Task details → Check each line of the material below for "SYNC", then copy the ones that contain it.

Provided data →
■ ■ ■ ■

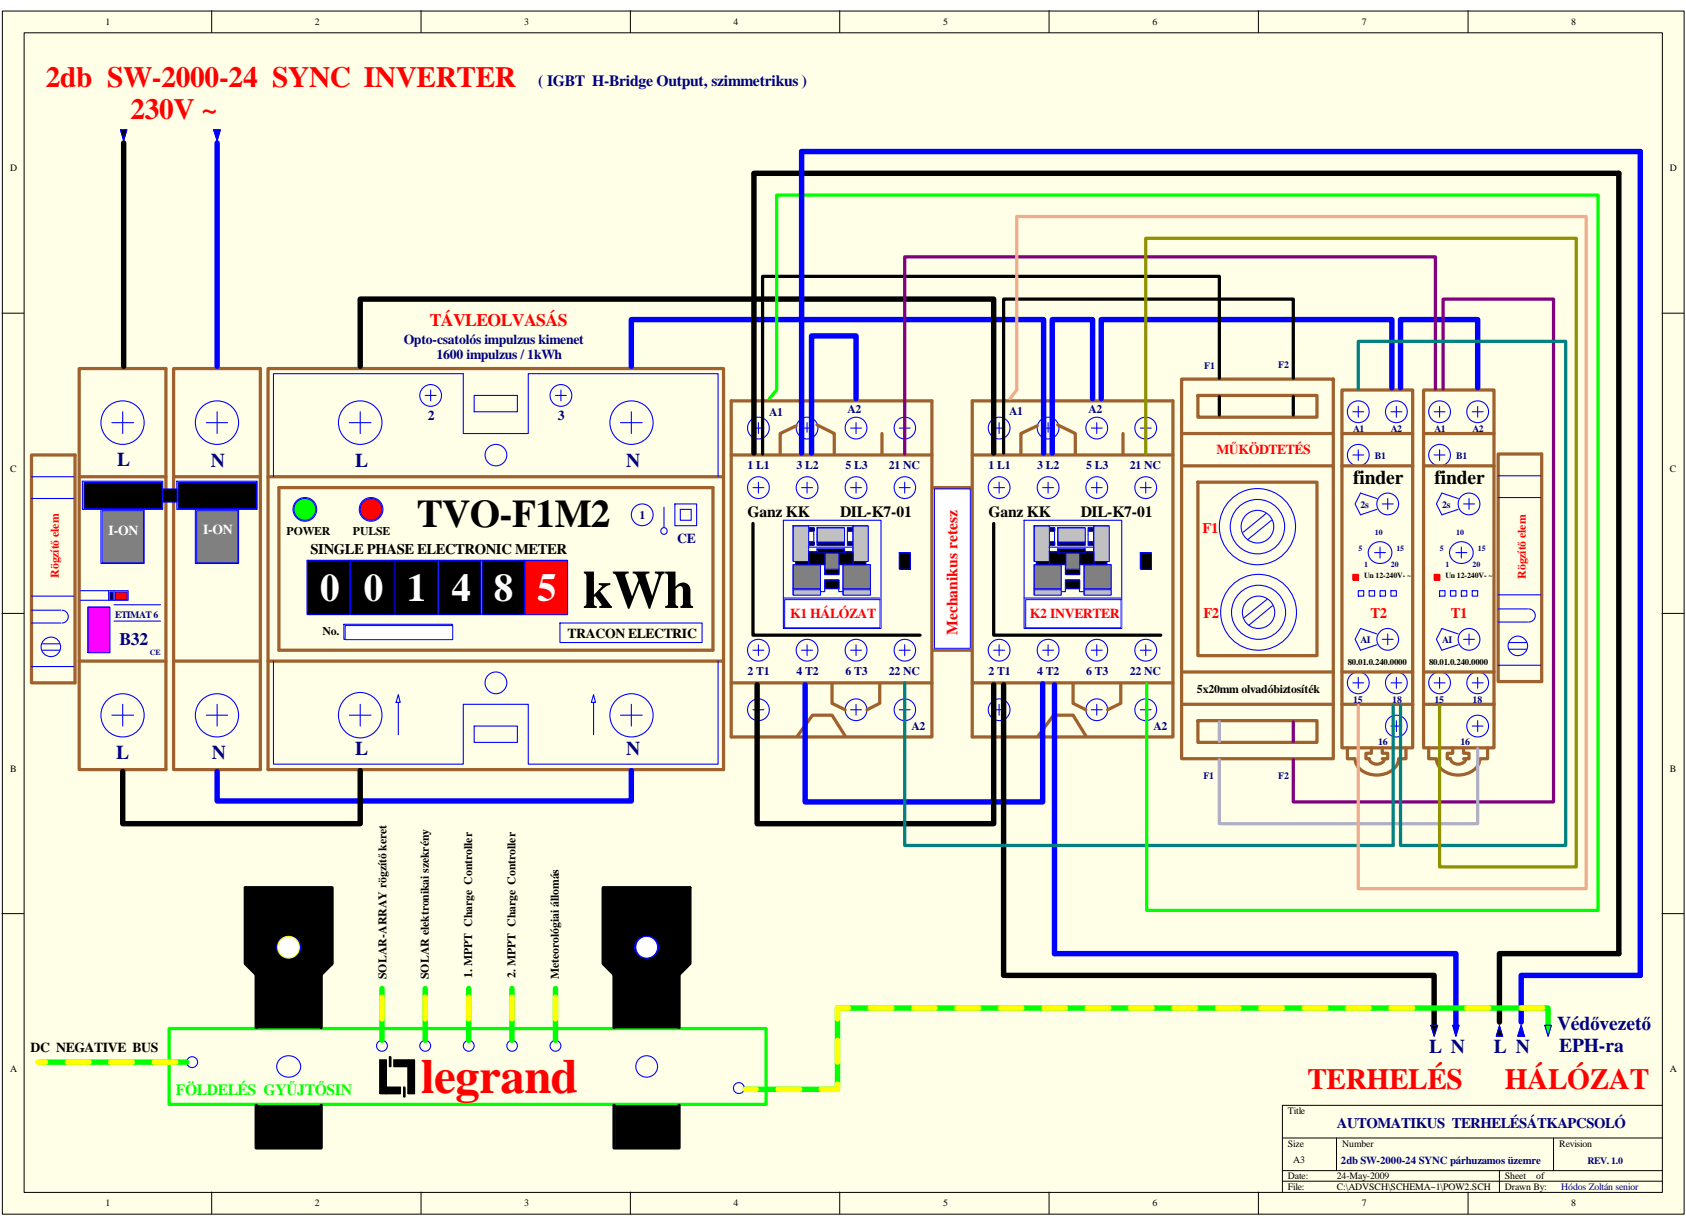

2db SW-2000-24 SYNC INVERTER (IGBT H-Bridge Output, szimmetrikus)
230V ~

Típus		AUTOMATIKUS TERHELÉSÁTKAPCSOLÓ	
Size	Number	Revision	
A3	2db SW-2000-24 SYNC párhuzamos üzeme	REV. 1.0	
Date:	24-May-2009	Sheet of	
File:	C:\ADVSCHEM\SCHEMA-1\POW2.SCH	Drawn By:	Hódos Zoltán senior
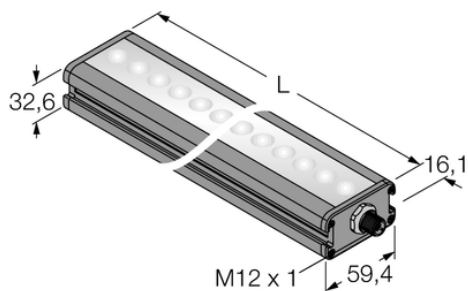

## System wizyjny LEDWLA290XD6-XQ - Turck

**Numer artykułu SKU:  
OC-TURCK004560**

Numer artykułu producenta:  
-----

Tylko na zamówienie

**TURCK**

### OPIS PRODUKTU

Funkcja	Oświetlenie liniowe
Rodzaj światła	biały
Kąt wiązki	6,5 °
Połączenie elektryczne	Złącze, M12 × 1
Materiał obudowy	Metal, Anodyzowane AL
Window material	tworzywo sztuczne, rozproszone
Temperatura pracy	0...+50 °C
Stopień ochrony	IP50
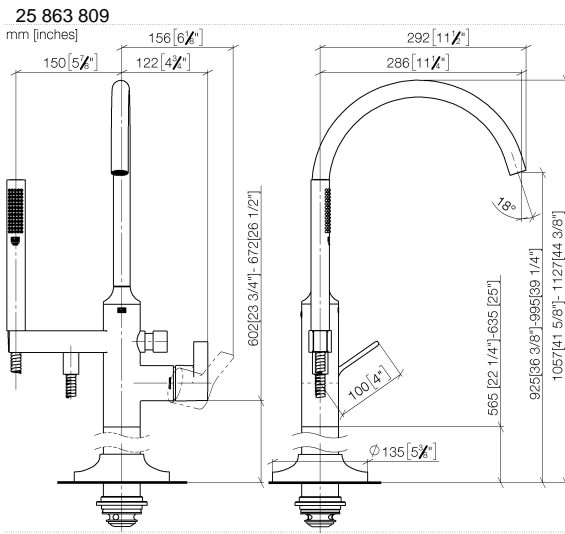

VAIA Mitigeur monocommande bain/douche avec tube vertical positionnement libre et garniture de douche - Champagne brossé (Or 22cts)

VAIA

25 863 809

- bec déverseur : jet circulaire enrichi en air
 - débit d'eau maxi. 24,6 l/min avec une pression d'écoulement de 3 bars
 - Douchette à main : COMPACT RAIN, débit max. 6,8 l/min (à 3 bar)
 - douchette à main micro avec système anti-calcaire
 - saillie 281 mm
 - bec pivotant 360°
 - inverseur automatique bain/douche
 - hauteur totale 1057 - 1127 mm
 - support de douchette
 - hauteur de tube vertical 565 - 635 mm
 - hauteur jusqu'au mousseur 925 - 995 mm
 - rosaces coulissantes Ø 135 mm
 - flexible de douche métallique 1250 mm avec protection anti-torsion intégrée
- Avec sécurité anti-retour.**

Accessoires requis

- Fixation au sol à encastrer -** 35 945 970 90
- profondeur de montage max. 150 mm
 - profondeur de montage mini. 80 mm

VAIA Mitigeur monocommande bain/douche avec tube vertical positionnement libre et garniture de douche - Champagne brossé (Or 22cts)

VAIA

Diagramme de débit

Codes & Standards

EN 1717

VAIA Mitigeur monocommande bain/douche avec tube vertical positionnement libre et garniture de douche - Champagne brossé (Or 22cts)

VAIA

25 863 809

Certificats

Belgaqua_24-003-2

VAIA Mitigeur monocommande bain/douche avec tube vertical positionnement libre et garniture de douche - Champagne brossé (Or 22cts)

VAIA

25 863 809

VAIA Mitigeur monocommande bain/douche avec tube vertical positionnement libre et garniture de douche - Champagne brossé (Or 22cts)
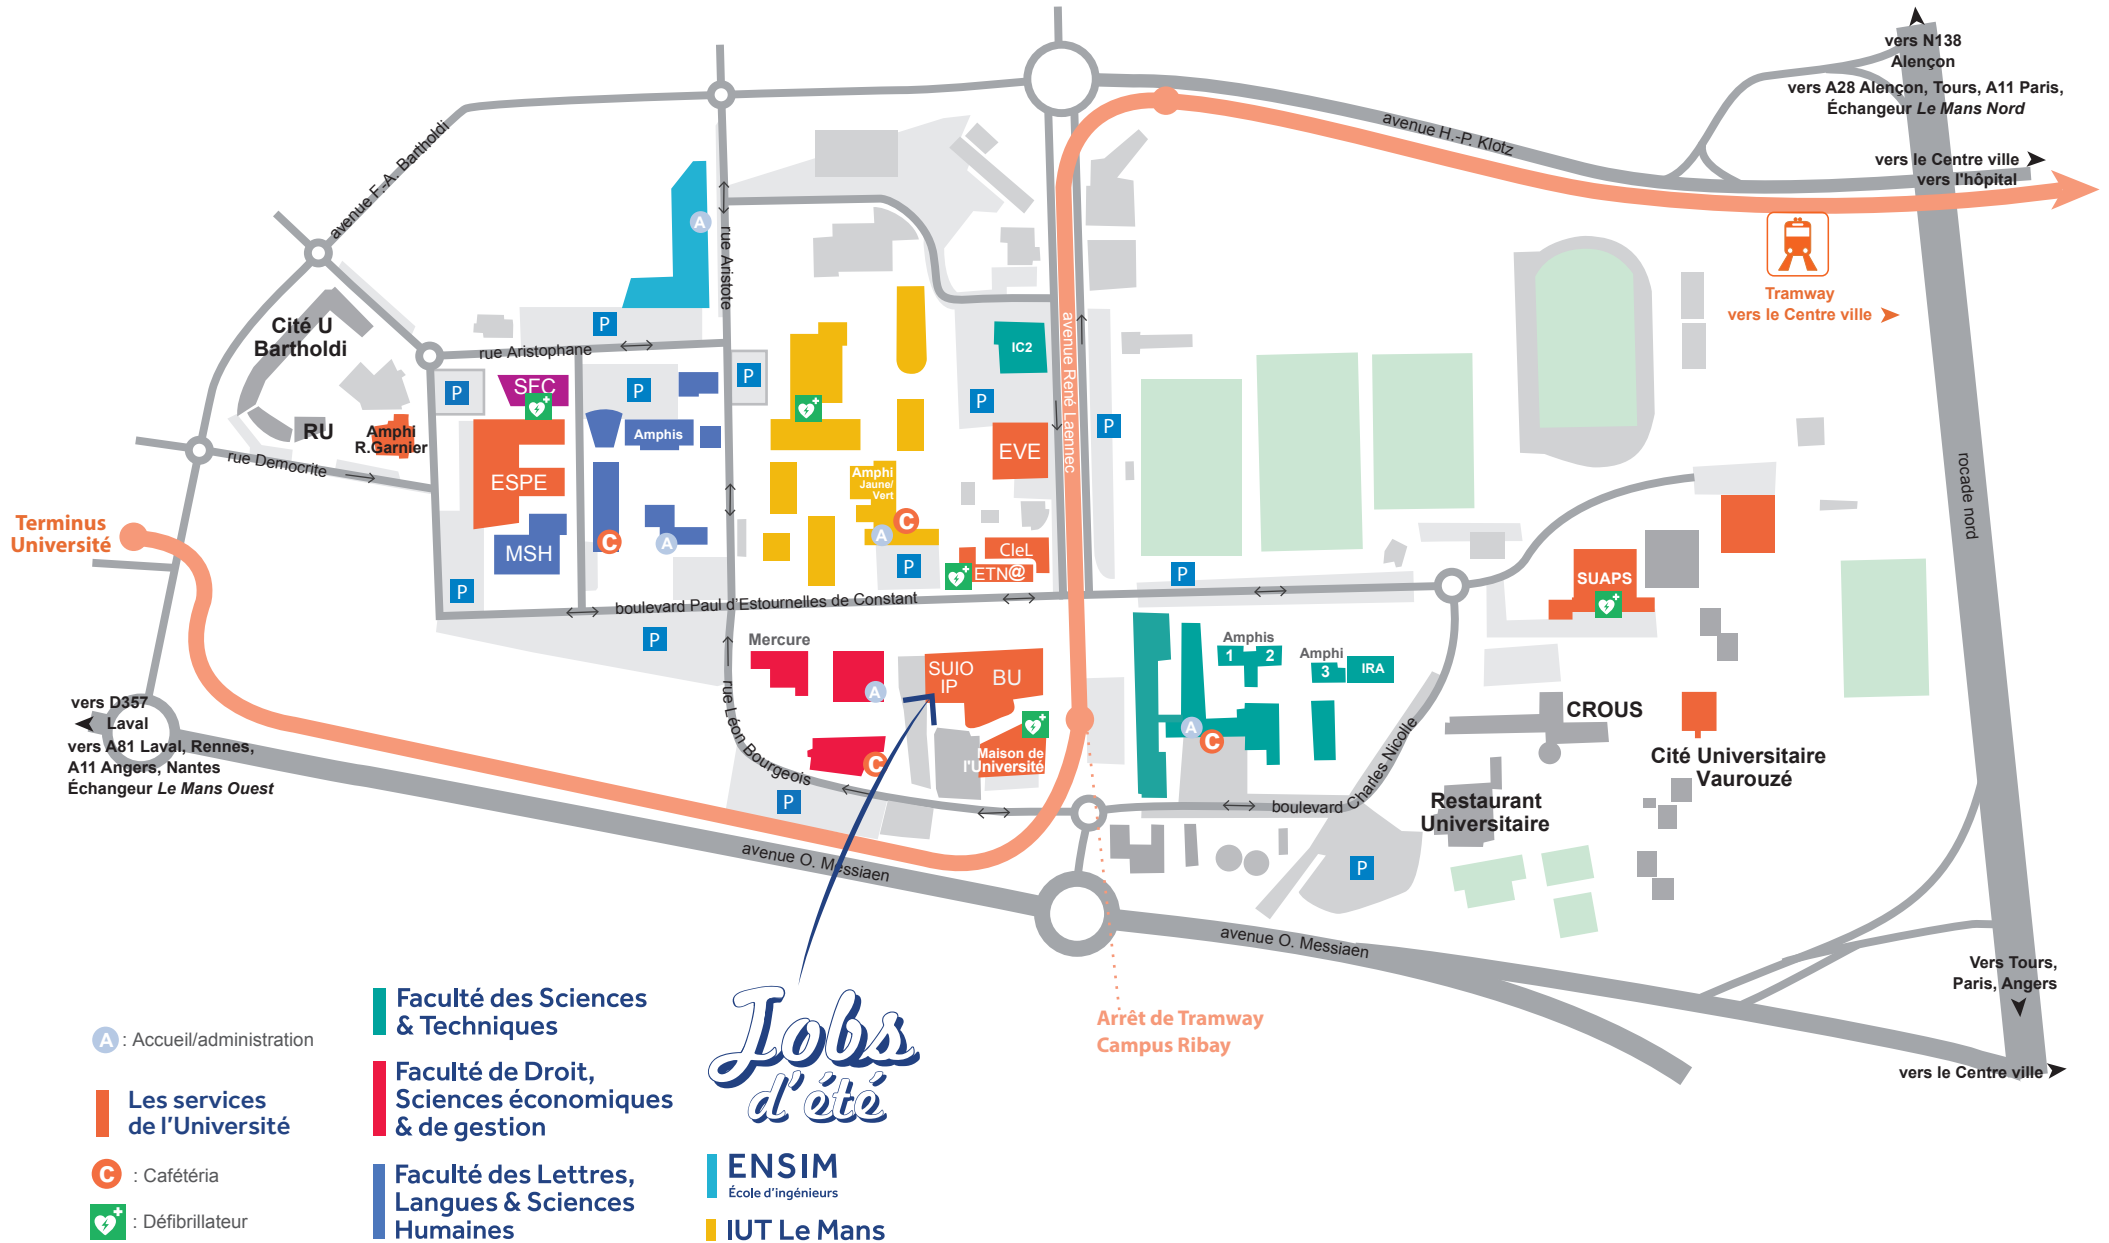

Plan du campus du Mans

A : Accueil/administration

Orange bar : Les services de l'Université

C : Cafétéria

Heart icon : Défibrillateur

Green bar : Faculté des Sciences & Techniques

Red bar : Faculté de Droit, Sciences économiques & de gestion

Blue bar : Faculté des Lettres, Langues & Sciences Humaines

Jobs d'été

Light blue bar : ENSIM
École d'ingénieurs

Yellow bar : IUT Le Mans

■ ■ ■ ■

Exercise result →
2db SW-2000-24 SYNC INVERTER (IGBT H-Bridge Output, szimmetrikus)
A3	2db SW-2000-24 SYNC párhuzamos üzeme	REV. 1.0	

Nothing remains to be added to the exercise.